For now, unvaccinated people will continue to need to continue to take a Covid test before they travel to England and another within two days of arrival. The passenger locator form will remain mandatory, but be “simplified” and could be scrapped later in the year.
Dr Michael Head, senior research fellow in global health at Southampton University, said the success of vaccines in reducing both symptomatic infection and onward transmission has been pivotal.
Masks
Since plan B was scrapped in England a month ago, masks have returned to being optional rather than mandatory on most public transport and in shops. Some services, such as Transport for London, still require face coverings to be worn.
Ministers are still discussing what should happen in healthcare settings like hospitals and care homes, the last remaining places where masks are mandatory.

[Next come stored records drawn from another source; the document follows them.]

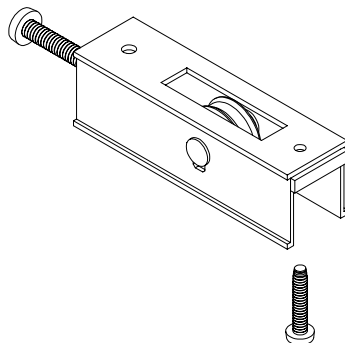

**ΡΑΟΥΛΟ ΦΥΛΛΩΝ ΜΕΤΑΛΛΙΚΟ
ΜΟΝΟ**

SINLGE SASH ROLLER

E 3541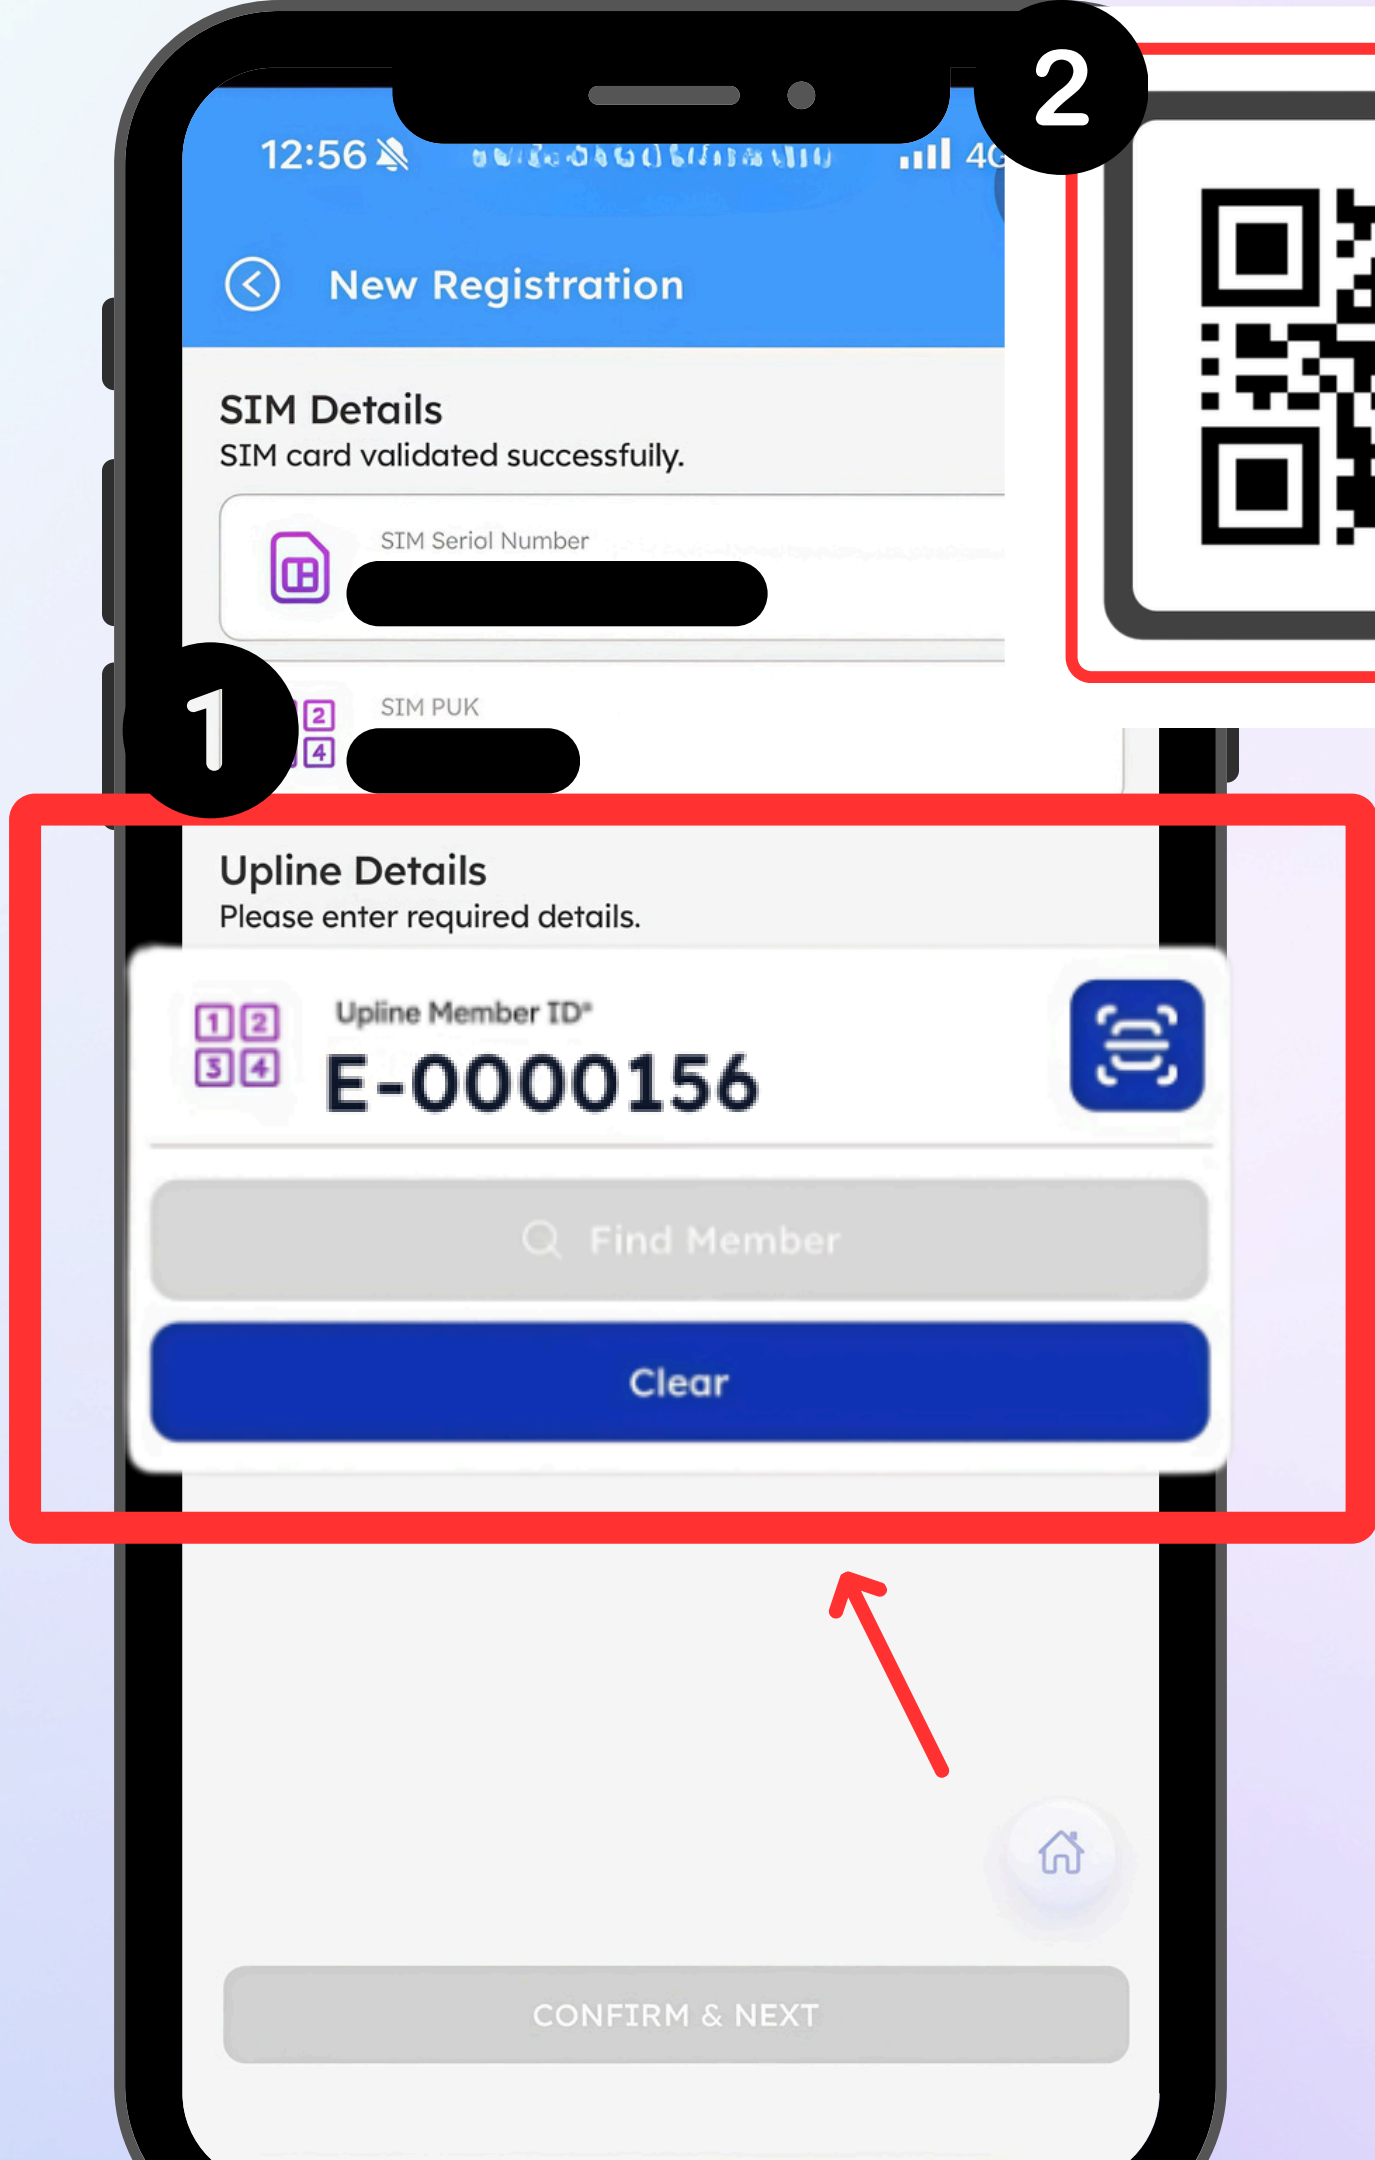

3. Good Lighting Conditions

4. Good Internet / Wifi Connection

Registration Process Steps

Step 1
SIM Registration

Step 2
Mobile Number Selection

Step 3
ID Verification

PROCEED

Step 4

Tap "Proceed"

点击“继续”

Ketik "Teruskan"

Step 5

Choose to scan or manually enter the SIM card's barcode and PUK

选择“扫描”或“手动输入”SIM 卡的条码和 PUK

Pilih untuk mengimbas atau memasukkan secara manual kod bar dan PUK kad SIM

Step 6

Enter the Upline Member ID or scan the Upline Member QR, then tap “Confirm & Next”

**输入 上线会员 ID 或 扫描上线会员二维码，
然后点击 “确认并下一步”**

Masukkan ID Ahli Upline atau imbas QR Ahli Upline, kemudian ketik “Sahkan & Seterusnya”

Michie said that for masks, as with other measures, removing legal requirements wrongly signalled that the risk was not great or that the measures were not effective enough. “The extent to which they will be retained will depend on the messaging from government and other institutions,” she said.
Shielding
The government ended shielding advice for people previously considered to be clinically extremely vulnerable in September 2021. Further specialist advice for those people, which included suggestions such as asking home visitors to wear face coverings and avoiding enclosed crowded space, also looks set to be withdrawn.
Baroness Brinton, a Liberal Democrat peer who is clinically extremely vulnerable, said she was “utterly astonished” that the reported change had received little publicity. “It’s all part of the prime minister’s tactic of pretending the pandemic’s over, while making no mention of the millions of clinically vulnerable people who will suffer as a result,” she told the i.